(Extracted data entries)
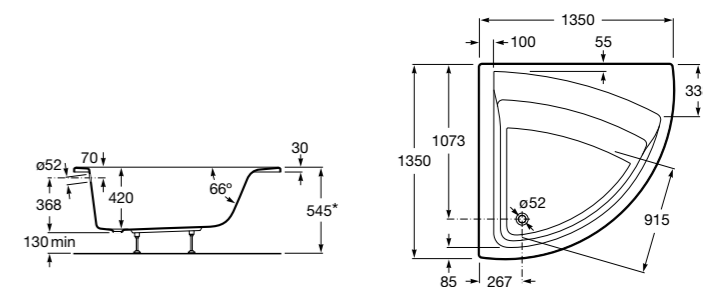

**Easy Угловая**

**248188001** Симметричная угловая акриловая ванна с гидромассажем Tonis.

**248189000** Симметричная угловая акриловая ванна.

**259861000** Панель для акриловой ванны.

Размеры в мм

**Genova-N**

==

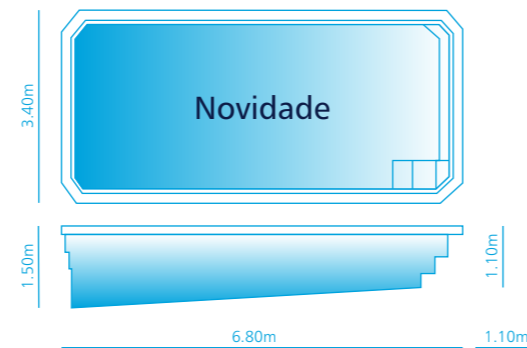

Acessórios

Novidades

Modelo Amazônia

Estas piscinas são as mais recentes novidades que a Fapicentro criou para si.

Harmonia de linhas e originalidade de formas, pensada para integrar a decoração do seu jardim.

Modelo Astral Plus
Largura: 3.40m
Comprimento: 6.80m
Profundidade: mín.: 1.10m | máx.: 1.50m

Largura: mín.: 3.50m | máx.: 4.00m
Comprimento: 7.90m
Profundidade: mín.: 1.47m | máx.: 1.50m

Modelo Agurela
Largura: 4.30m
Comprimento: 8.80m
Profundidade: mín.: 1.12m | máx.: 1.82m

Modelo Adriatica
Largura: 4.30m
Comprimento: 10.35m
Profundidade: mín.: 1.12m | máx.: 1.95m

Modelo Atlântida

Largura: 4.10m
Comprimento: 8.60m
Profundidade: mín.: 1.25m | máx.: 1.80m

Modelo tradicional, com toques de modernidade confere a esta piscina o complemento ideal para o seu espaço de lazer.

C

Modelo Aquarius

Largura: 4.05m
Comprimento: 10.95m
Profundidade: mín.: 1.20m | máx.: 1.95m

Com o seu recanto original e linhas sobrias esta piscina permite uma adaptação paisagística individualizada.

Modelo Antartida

==

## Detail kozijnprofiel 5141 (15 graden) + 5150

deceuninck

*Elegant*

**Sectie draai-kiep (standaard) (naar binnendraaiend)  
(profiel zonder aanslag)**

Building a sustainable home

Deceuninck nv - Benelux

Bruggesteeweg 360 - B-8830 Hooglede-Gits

# Exercise
Lines holding the string "акриловая" must be copied out of the entries above.

# Reply to the task
**248188001** Симметричная угловая акриловая ванна с гидромассажем Tonis.
**248189000** Симметричная угловая акриловая ванна.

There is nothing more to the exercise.